Why the Same Page Gets Cited 18% on ChatGPT and 0% on Perplexity: The Citation Asymmetry Problem

This post represents my personal views and not those of Profound.

AI visibility is not one number, and the dashboards selling you a single AEO score are flattening a problem that is structurally different on every engine. I’ve spent the last two years inside this category, and the question I get more than any other is some version of: why does this page rank #1 on ChatGPT and not appear at all on Perplexity? The answer isn’t a bug, a freshness issue, or a content-quality gap. It’s that the eight engines we track at Profound are not variants of the same search index. They are different retrieval systems with different rewriting behavior, different source taste, and different verification heuristics. Treating them as one funnel is the most expensive mistake mid-market AEO programs make.

This essay is the long version of an argument I keep making in customer calls: citation share is the new market share, but only per engine. Roll it up and you’ve built the GDP of your AEO program: interesting at the macro level, useless as a strategy input.

TL;DR: five reasons engines disagree on the same page

  • Per-engine retrieval differs before ranking: ChatGPT fans a single prompt into 91% unique queries; Perplexity stays 88% literal.

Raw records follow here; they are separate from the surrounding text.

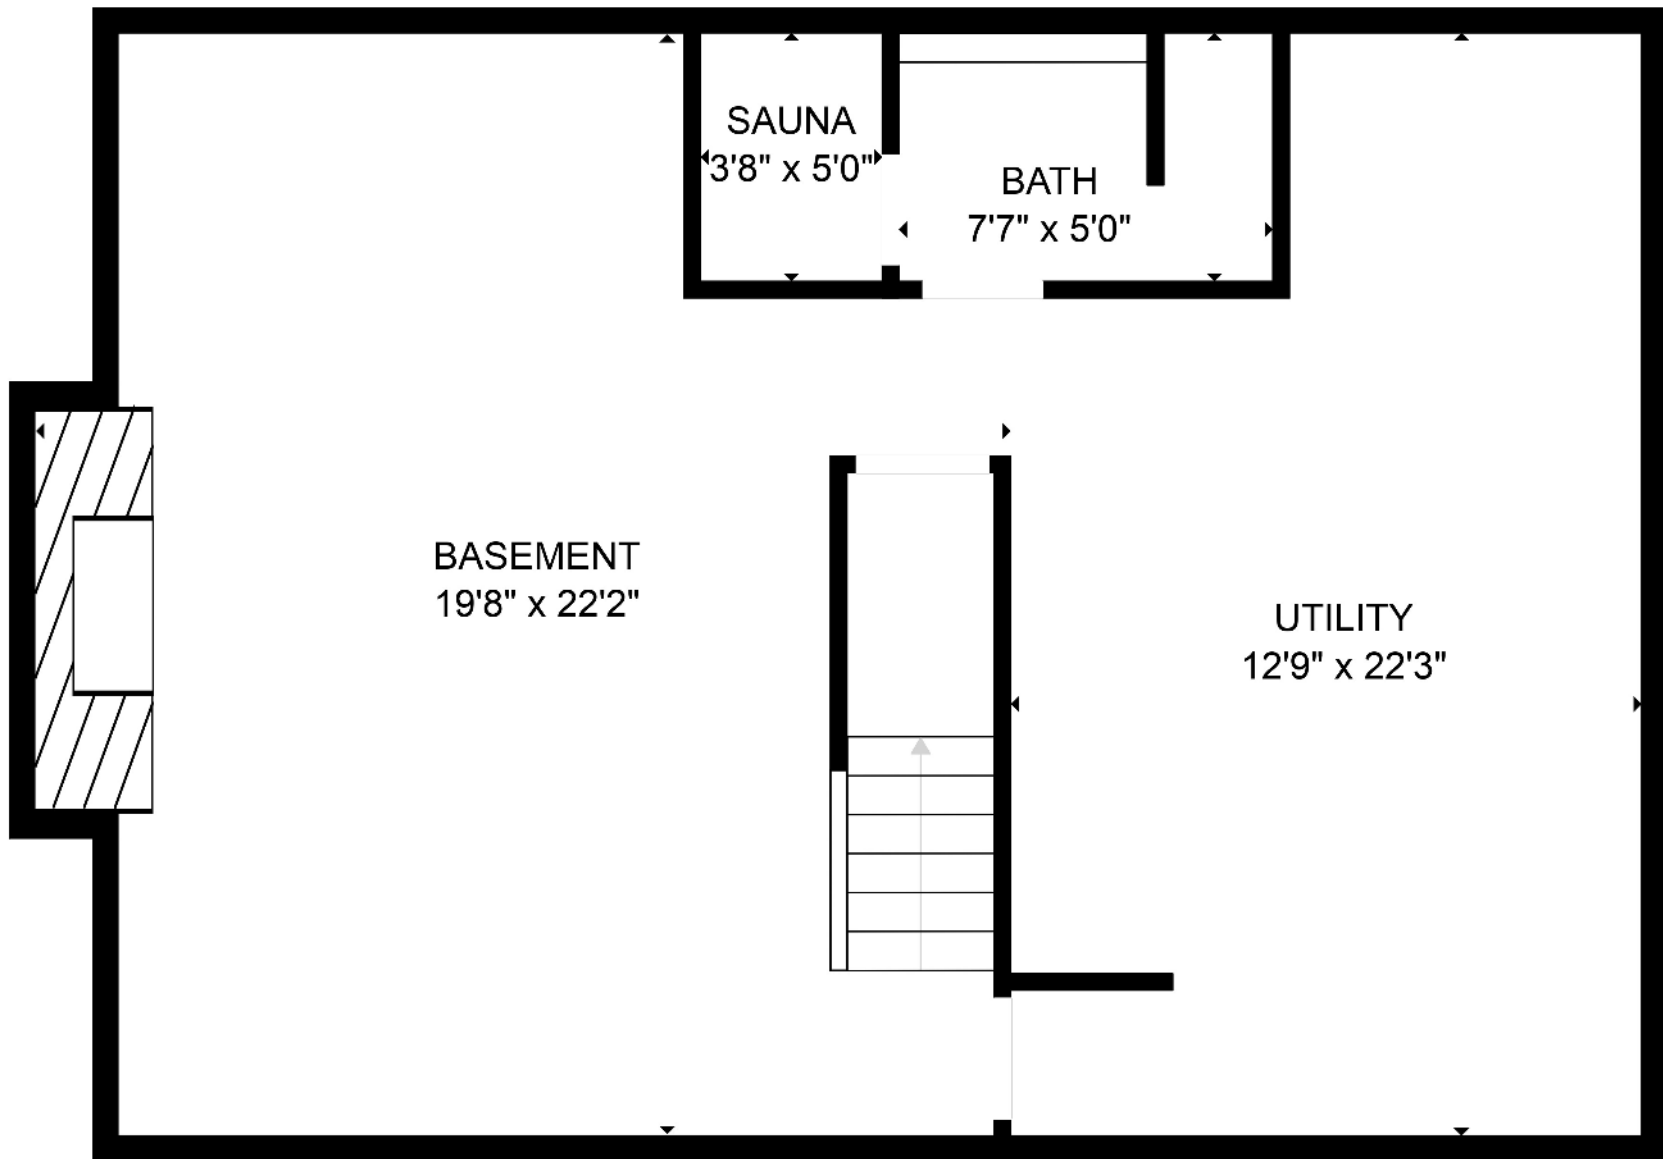

FLOOR 2

FLOOR 3

FLOOR 1

GROSS INTERNAL AREA
 FLOOR 1: 698 sq. ft, FLOOR 2: 741 sq. ft
 FLOOR 3: 724 sq. ft
 TOTAL: 2163 sq. ft
 SIZES AND DIMENSIONS ARE APPROXIMATE, ACTUAL MAY VARY.

GROSS INTERNAL AREA
FLOOR 1: 698 sq. ft, FLOOR 2: 741 sq. ft
FLOOR 3: 724 sq. ft
TOTAL: 2163 sq. ft

SIZES AND DIMENSIONS ARE APPROXIMATE, ACTUAL MAY VARY.

GROSS INTERNAL AREA
FLOOR 1: 698 sq. ft, FLOOR 2: 741 sq. ft
FLOOR 3: 724 sq. ft
TOTAL: 2163 sq. ft

SIZES AND DIMENSIONS ARE APPROXIMATE, ACTUAL MAY VARY.

GROSS INTERNAL AREA
FLOOR 1: 698 sq. ft, FLOOR 2: 741 sq. ft
FLOOR 3: 724 sq. ft
TOTAL: 2163 sq. ft

SIZES AND DIMENSIONS ARE APPROXIMATE, ACTUAL MAY VARY.
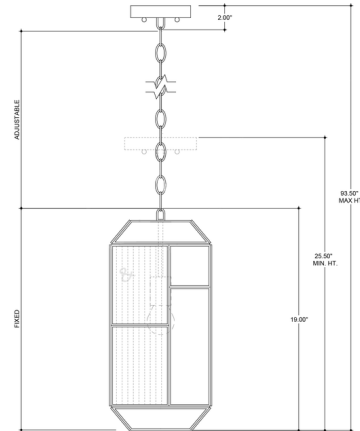

Description

The Bardolph Pendant channels the world renowned designs of master architect, Frank Lloyd Wright. The architectural glass, serves as a diffuser, is a reflection of Wright's designs, while details finished in Antique Brass add a wonderful contrast to the Bardolph. Ideal for over a dining table or running down a hallway. Canopy diameter 5 inches. Includes 72 inch chain. UL and cUL listed.

Specifications

COLOR	Clear
BODY FINISH	Antique Brass
WATTAGE	60W
DIMMER	Standard 120V
DIMENSIONS	8.5"W x 19"H x 8.5"D
BULB NOT INCLUDED	1 x A19/Medium (E26)/60W/120V Incandescent
OTHER BULB OPTIONS	1 x A19/Medium (E26)/120V LED
COUNTRY OF ORIGIN	India

Technical Information

PRODUCT DIMENSIONS	Adjustable Height: 25.5" to 93.5"
--------------------	-----------------------------------

Shown in antique brass / clear

CLICK TO VIEW PRODUCT

Notes:
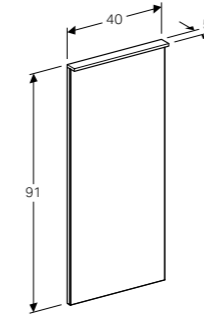

40cm mirror with functional lighting
W 40 / D 5.5 / H 91cm
Heated rear to prevent mirror steaming up, touch sensor switch, dimmable, LED lighting.
Art. no. Product Description
500.520.00.1 40cm
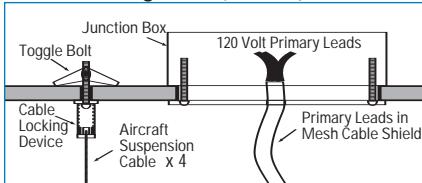

### DESCRIPTION:

A horizontally suspended, grid style multi-lamp fixture. Fixture is suspended from the ceiling with 1/16" steel cable.

### CONSTRUCTION:

All aluminum construction. Grid is made of .75" square aluminum tubing with .062" wall thickness. Perforated metal ballast enclosure for cooler operation.
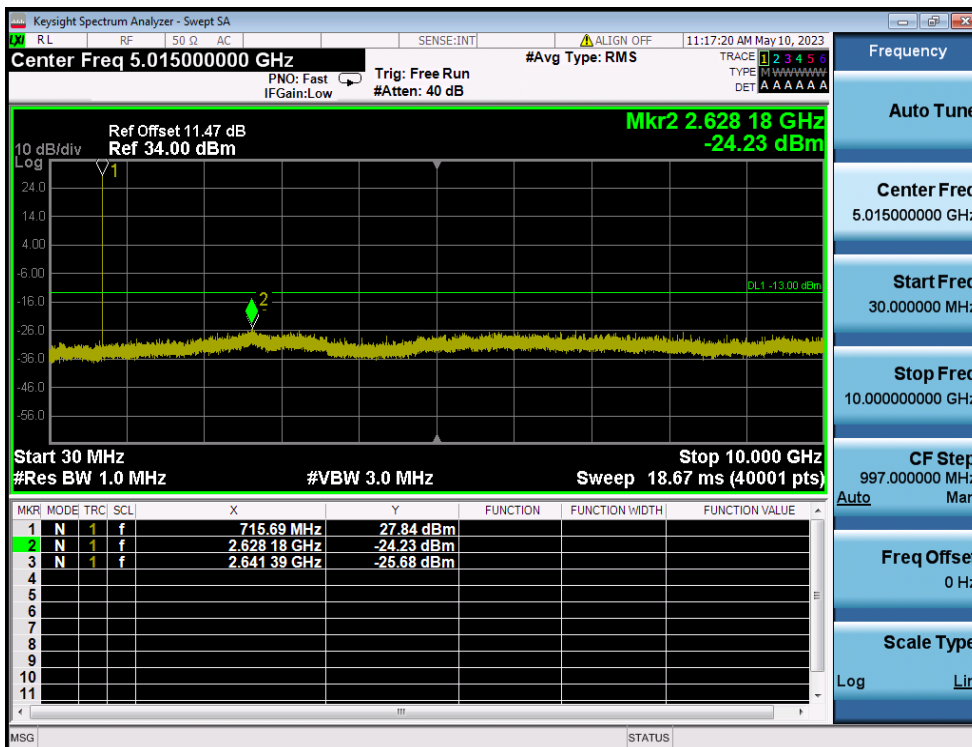

8.4. SPURIOUS AND HARMONICS EMISSIONS(Conducted)

8.4.1. LTE Band 12(17)

LTE Band 12(17) / 10MHz / 16QAM - RB Size/Offset (1/49) - Low Channel

LTE Band 12(17) / 10MHz / 64QAM - RB Size/Offset (1/49) – High Channel

LTE Band 12(17) / 5MHz / 16QAM - RB Size/Offset (12/0) - Low Channel

LTE Band 12(17) / 5MHz / 16QAM - RB Size/Offset (1/12) - Mid Channel

LTE Band 12(17) / 5MHz / 64QAM - RB Size/Offset (12/0) - High Channel

8.4.2. LTE Band 12

LTE Band 12 / 3MHz / 16QAM - RB Size/Offset (8/7) - Low Channel

LTE Band 12 / 3MHz / 64QAM - RB Size/Offset (1/14) - Mid Channel

LTE Band 12 / 3MHz / QPSK - RB Size/Offset (8/7) - High Channel

They’re not searching the same thing.
  • Popularity taste varies by engine: ChatGPT cites 100K+ view YouTube videos 18.2% of the time; Gemini reaches into the <1K view long tail 28.6% of the time.
  • ChatGPT triangulates with co-citation pairs: Edmunds and KBB get cited together 32% of car queries; Glassdoor and Indeed 29% of career queries. Other engines don’t pair this way.
  • Language and geography widen the gap: Cross-lingual Jaccard overlap of cited hostnames drops to 0.15 on Gemini. 34% of cross-language prompt pairs produce zero hostname overlap.
  • Source-side formatting has a low ceiling: Profound’s Markdown vs HTML A/B across 381 pages produced ~16% lift in bot visits, not statistically significant.

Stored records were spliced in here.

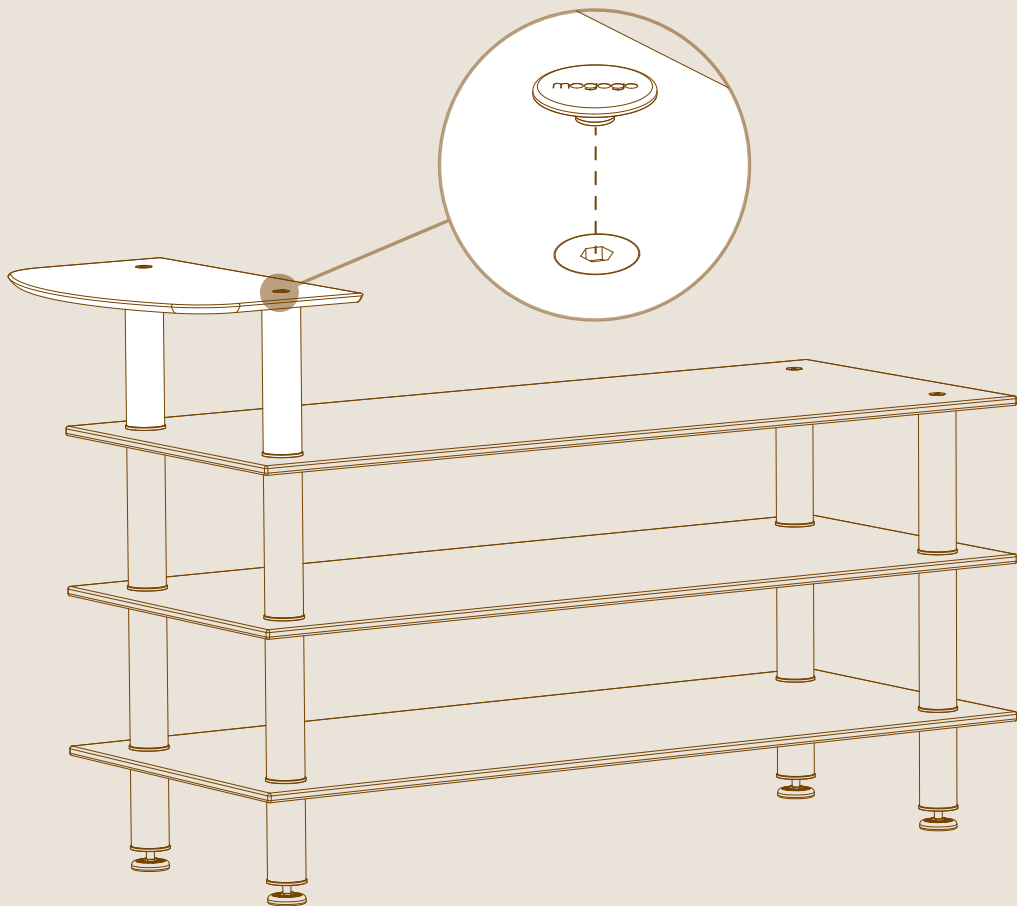

SIDE SHELF L29.5" W19" | L75cm W47.5cm

X2

5.7" | 14cm SEGMENTS

OR

12" | 30cm SEGMENTS

# ASSEMBLY

1

2

3

4

5

**GREAT JOB, YOUR GOOD TO GO!**

If you read nothing else, internalize this: measure each engine separately, pick two to win on, and accept that the third will look worse for structural reasons you can’t write your way out of.

The premise everyone gets wrong: “AI visibility” is not one number

The industry default (the one most AEO dashboards quietly enforce) is that you sum citations across engines, divide by something, and call it a visibility score. It’s a tidy number. It’s also misleading in the same way that averaging your performance across Google, Bing, and DuckDuckGo would have been misleading in 2015: it hides the only signal that matters, which is where your customers actually are and whether you show up there.

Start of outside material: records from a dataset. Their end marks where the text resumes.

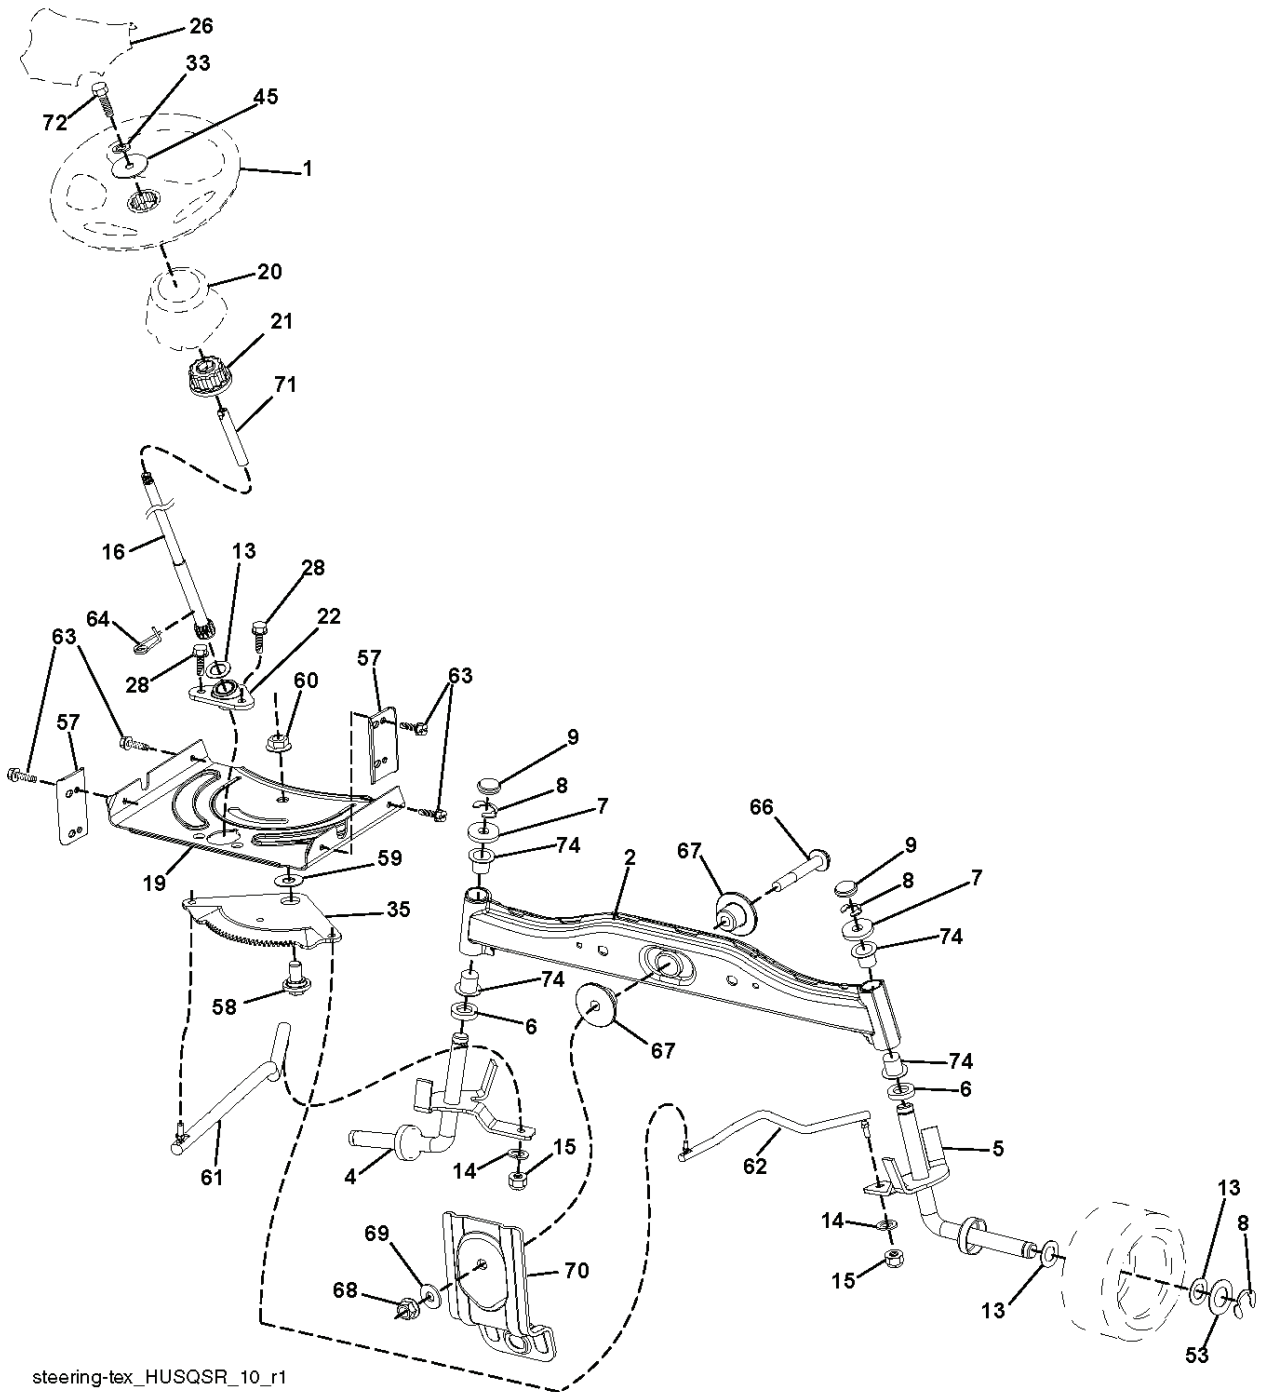

IGNITION SWITCH

POSITION	CIRCUIT	"MAKE"
OFF	M+G+A1	
RUN/OVERRIDE	B+A1	
RUN	B+A1	L+A2
START	B + S + A1	

03107

CHASSIS HARNESS CONNECTOR (MATING SIDE)

DASH HARNESS CONNECTOR (MATING SIDE)

WIRING INSULATED CLIPS  
NOTE: IF WIRING INSULATED CLIPS WERE REMOVED FOR SERVICING OF UNIT, THEY SHOULD BE RE-INSTALLED TO PROPERLY SECURE YOUR WIRING.

● NON-REMOVABLE CONNECTIONS

○ REMOVABLE CONNECTIONS

seat-tex\_6.5SL\_2

---

REF.	PART NO.	DESCRIPTION	REMARK	QTY.	KIT
1	532424067	SEAT		1	
2	532180166	BRACKET		1	
3	532140675	STRAP		1	
6	873800600	NUT		1	
7	532124181	SPRING		1	
8	532171877	BOLT		1	
10	532196977	PLATE		1	
21	532171852	BOLT		1	
37	873800500	LOCK NUT		1	
40	532197661	HANDLE		1	
41	532198200	SPRING		1	
43	874760612	BOLT		1	
44	819133812	WASHER		1	

---

REF.	PART NO.	DESCRIPTION	REMARK	QTY.	KIT
1	532059192	CAP VALVE		1	
2	532065139	NIPPLE		1	
3	532138336	RIM	Front 6"	1	
4	532059904	HOSE	(Service Item Only)	1	
5	532106222	TIRE	Front 15" x 6.0"-6"	1	
6	532124957	FITTING	(Front Wheel Only)	1	
7	532124959	BEARING	(Front Wheel Only)	1	
8	532175039	HUB CAP		1	
9	532420531	TIRE	Rear 18" x 9.5"-8"	1	
10	532124926	HOSE	(Service Item Only)	1	
11	532138337	RIM SPROCKET	Rear 8"	1	
--	532144334	SEALING FOAM		1	

---

REF.	PART NO.	DESCRIPTION	REMARK	QTY.	KIT
1	532400389	LABEL		1	
2	532429196	DECAL		1	
3	532196841	DECAL		1	
4	532408596	LABEL		1	
5	532159736	DECAL		1	
6	532180432	DECAL		1	
7	532182166	DECAL		1	
8	532408771	LABEL		1	
9	532145005	DECAL		1	
10	532140837	DECAL		1	
11	532196357	DECALC."DANGER DEFLECTEUR"		1	
12	532194302	DECALC.SCHEMA MONTAGE		1	
13	532159737	DECAL		1	
--	532410805	PAD		1	
--	532411056	PAD		1	
--	532162598	DECAL		1

Profound’s own data shows that ChatGPT’s AI search results overlap with Google’s traditional search by about 12%. That’s not a small delta. That’s a different internet. When the cited-source overlap between two engines is that low, any unified metric you build on top of them is averaging two distributions that don’t share a tail. You end up with a number that moves smoothly while the underlying reality (which engine is sending you traffic, which one is repeating a competitor’s framing of your category, which one your buyers actually use) moves in directions the score can’t see.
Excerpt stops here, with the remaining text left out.